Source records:
◆ ◆ ◆ ◆ ◆

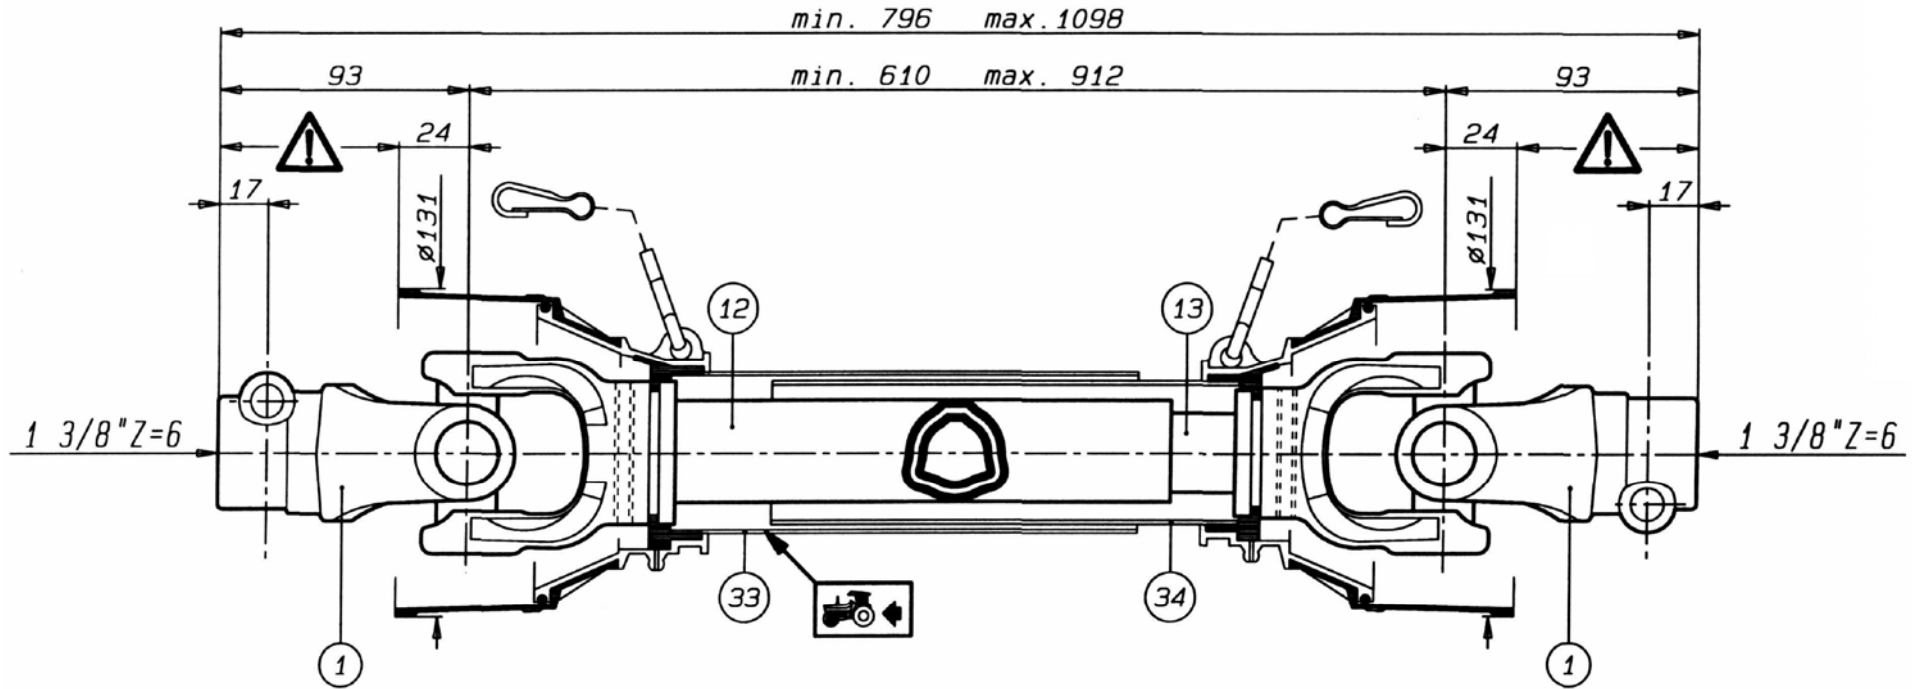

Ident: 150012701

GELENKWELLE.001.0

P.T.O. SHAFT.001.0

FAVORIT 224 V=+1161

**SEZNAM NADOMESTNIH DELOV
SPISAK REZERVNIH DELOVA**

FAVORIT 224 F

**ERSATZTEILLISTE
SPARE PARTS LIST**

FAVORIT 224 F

◆ ◆ ◆ ◆ ◆

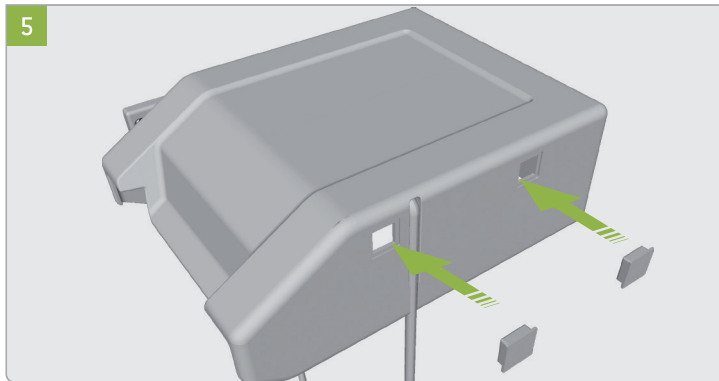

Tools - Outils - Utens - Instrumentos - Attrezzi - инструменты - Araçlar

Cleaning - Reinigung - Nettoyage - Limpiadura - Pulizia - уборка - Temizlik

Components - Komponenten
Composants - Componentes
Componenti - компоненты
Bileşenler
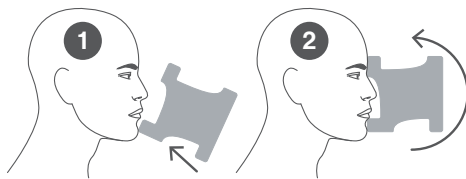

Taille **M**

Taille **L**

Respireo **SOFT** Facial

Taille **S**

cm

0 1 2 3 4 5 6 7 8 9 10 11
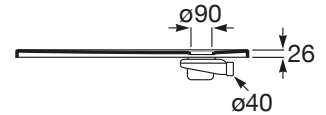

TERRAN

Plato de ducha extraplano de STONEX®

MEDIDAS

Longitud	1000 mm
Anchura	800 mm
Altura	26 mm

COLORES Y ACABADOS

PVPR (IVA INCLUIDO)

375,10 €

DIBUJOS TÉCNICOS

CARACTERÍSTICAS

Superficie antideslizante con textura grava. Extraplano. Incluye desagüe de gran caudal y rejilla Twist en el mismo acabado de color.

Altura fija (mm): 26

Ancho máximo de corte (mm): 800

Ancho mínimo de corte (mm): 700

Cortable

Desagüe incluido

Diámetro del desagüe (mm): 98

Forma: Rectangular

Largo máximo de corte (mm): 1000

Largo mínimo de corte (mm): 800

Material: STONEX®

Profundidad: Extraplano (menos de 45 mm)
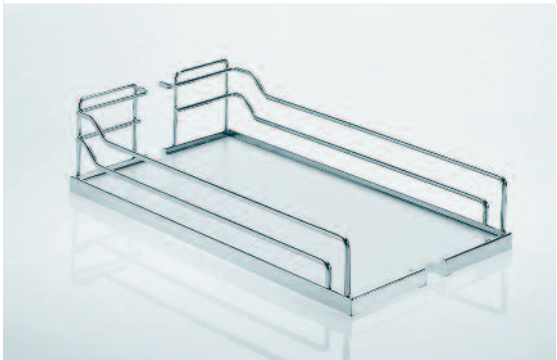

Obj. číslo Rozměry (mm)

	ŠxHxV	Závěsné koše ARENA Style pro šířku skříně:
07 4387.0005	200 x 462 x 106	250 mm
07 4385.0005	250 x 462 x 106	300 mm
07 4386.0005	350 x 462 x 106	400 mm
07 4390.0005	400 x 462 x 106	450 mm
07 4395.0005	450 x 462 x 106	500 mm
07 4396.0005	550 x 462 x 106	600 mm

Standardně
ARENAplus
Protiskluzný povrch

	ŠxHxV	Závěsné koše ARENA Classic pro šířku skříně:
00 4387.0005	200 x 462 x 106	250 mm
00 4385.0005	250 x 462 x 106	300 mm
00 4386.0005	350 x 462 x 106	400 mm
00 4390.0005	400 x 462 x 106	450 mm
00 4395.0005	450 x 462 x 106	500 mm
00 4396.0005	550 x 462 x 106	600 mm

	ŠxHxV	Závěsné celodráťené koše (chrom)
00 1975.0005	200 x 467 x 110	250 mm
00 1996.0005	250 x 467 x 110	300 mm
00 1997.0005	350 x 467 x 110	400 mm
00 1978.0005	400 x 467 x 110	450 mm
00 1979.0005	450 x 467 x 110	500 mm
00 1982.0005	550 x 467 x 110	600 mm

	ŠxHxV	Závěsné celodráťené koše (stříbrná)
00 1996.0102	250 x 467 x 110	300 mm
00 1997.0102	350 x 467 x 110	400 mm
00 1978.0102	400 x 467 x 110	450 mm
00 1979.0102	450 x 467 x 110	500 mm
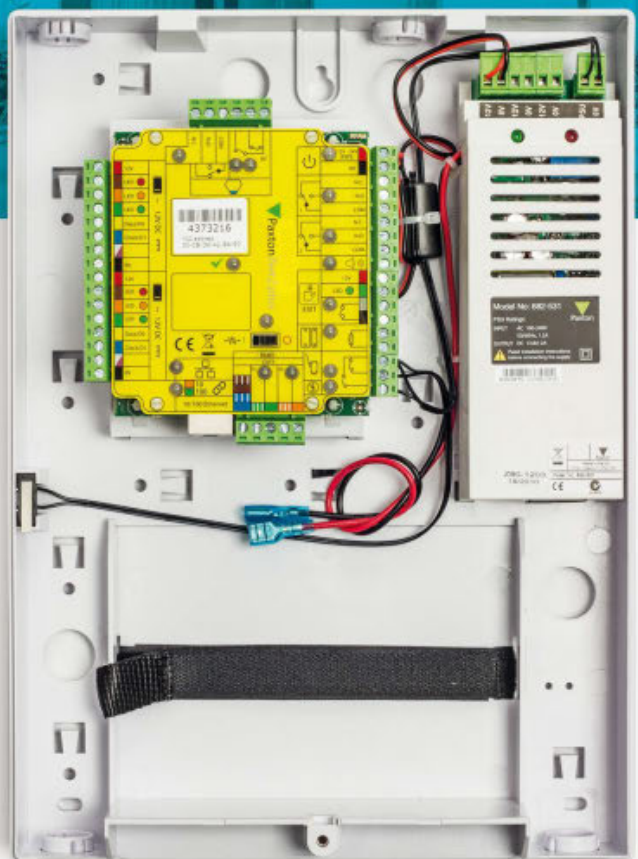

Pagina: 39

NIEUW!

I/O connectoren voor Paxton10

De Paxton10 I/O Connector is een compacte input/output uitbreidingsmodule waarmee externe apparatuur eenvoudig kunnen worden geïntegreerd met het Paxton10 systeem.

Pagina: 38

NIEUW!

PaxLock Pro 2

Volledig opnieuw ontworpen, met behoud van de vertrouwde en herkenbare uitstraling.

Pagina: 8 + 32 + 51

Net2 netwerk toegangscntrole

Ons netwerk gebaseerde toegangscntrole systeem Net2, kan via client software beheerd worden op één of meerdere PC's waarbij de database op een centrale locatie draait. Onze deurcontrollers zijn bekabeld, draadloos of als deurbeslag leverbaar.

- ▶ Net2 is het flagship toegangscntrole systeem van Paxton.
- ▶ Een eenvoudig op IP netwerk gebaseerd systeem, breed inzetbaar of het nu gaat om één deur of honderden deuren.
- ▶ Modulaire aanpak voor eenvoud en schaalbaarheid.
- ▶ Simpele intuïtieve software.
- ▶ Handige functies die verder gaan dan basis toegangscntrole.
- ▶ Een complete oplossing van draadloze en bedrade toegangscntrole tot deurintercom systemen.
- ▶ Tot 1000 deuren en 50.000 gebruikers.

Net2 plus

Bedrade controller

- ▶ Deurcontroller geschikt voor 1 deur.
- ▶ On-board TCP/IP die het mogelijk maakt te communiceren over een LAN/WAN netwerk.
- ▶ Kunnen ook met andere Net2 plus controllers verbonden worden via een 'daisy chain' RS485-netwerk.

◆ ◆ ◆ ◆ ◆

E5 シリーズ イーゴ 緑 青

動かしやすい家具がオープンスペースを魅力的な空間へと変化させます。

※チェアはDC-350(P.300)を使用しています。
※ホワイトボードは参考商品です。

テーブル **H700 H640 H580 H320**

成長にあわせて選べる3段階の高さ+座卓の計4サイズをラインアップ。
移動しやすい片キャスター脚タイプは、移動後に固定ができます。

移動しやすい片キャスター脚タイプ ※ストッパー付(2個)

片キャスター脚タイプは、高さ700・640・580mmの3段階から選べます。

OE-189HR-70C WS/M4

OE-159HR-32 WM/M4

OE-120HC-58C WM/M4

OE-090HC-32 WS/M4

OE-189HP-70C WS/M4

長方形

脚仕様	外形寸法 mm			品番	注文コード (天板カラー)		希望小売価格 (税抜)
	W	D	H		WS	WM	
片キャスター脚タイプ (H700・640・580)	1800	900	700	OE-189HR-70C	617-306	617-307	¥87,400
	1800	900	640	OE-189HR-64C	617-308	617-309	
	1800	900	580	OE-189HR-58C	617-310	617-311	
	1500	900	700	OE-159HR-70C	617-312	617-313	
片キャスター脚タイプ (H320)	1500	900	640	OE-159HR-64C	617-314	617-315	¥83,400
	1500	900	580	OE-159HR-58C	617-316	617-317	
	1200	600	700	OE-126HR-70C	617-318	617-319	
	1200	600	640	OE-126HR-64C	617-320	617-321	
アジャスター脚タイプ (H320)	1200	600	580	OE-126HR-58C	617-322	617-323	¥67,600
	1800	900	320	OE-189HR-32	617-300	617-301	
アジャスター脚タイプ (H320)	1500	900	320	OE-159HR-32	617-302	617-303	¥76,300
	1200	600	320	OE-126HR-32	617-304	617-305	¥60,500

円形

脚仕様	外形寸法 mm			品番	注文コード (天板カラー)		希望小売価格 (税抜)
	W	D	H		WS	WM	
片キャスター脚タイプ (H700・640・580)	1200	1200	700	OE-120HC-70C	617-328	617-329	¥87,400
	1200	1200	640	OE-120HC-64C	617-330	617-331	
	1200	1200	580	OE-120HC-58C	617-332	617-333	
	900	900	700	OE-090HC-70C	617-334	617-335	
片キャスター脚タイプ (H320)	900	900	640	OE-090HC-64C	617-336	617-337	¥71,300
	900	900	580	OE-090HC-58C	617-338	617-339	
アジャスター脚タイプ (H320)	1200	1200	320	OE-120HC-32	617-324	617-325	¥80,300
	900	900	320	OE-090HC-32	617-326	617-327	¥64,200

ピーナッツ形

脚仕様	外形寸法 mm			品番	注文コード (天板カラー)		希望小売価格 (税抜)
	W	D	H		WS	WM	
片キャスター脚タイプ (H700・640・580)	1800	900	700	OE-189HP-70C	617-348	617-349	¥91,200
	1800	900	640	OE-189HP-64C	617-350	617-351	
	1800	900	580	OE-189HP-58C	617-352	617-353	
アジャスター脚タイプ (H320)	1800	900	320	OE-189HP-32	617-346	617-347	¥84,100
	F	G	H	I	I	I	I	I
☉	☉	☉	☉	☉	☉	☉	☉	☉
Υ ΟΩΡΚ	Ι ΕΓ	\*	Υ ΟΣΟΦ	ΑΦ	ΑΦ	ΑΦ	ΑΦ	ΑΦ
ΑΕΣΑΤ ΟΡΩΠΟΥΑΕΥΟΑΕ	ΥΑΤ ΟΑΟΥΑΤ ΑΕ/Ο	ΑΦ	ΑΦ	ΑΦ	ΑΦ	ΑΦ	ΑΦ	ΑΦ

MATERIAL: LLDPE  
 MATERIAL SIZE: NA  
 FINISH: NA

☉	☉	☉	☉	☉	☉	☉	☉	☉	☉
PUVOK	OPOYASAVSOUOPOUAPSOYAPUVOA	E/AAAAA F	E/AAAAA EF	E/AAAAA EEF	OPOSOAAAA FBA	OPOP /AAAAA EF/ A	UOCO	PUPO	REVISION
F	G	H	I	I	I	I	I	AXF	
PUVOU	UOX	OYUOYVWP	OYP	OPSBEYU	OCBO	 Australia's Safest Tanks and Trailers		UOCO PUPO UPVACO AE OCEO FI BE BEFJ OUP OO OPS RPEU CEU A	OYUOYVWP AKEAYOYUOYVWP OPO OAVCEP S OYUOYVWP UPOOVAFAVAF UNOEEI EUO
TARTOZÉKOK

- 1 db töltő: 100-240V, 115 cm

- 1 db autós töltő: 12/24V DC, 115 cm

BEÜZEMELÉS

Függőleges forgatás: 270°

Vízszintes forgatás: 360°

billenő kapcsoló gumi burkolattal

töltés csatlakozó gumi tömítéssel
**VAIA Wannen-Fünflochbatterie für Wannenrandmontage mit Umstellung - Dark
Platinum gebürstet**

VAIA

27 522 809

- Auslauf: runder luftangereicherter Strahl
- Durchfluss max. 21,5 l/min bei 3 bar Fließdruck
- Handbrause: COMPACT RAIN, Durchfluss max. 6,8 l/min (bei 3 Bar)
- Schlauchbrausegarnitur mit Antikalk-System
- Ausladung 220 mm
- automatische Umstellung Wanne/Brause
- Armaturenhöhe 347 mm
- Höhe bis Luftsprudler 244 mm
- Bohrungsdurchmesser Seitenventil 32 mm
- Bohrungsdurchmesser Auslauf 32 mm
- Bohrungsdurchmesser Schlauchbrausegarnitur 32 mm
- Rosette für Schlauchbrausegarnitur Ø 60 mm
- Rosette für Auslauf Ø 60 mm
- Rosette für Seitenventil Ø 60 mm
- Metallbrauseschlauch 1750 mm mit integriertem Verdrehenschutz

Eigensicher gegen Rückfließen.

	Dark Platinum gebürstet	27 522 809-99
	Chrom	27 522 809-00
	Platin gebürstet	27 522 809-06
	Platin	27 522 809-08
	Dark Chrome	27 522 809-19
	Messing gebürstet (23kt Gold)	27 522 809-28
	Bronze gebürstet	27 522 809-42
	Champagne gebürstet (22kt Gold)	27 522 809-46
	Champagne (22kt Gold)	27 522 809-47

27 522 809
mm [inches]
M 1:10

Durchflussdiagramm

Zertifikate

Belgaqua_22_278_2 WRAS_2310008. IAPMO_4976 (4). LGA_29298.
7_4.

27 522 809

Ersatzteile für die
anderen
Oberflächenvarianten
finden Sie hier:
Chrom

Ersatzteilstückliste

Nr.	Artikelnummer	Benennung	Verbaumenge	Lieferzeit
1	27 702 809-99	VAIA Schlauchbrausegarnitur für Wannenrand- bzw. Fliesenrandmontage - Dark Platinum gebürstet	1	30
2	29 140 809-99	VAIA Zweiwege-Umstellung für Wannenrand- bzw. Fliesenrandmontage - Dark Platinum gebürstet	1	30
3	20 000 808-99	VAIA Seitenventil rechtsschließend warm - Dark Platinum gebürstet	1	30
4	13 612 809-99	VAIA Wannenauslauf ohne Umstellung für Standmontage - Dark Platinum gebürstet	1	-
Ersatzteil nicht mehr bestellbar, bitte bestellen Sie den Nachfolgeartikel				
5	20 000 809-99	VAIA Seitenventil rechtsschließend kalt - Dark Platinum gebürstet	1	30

◆ ◆ ◆ ◆ ◆

What is expected:
Scan the entries above for the word "gumi". Report the lines that hold it.

Task output:
billenő kapcsoló gumi burkolattal
töltés csatlakozó gumi tömítéssel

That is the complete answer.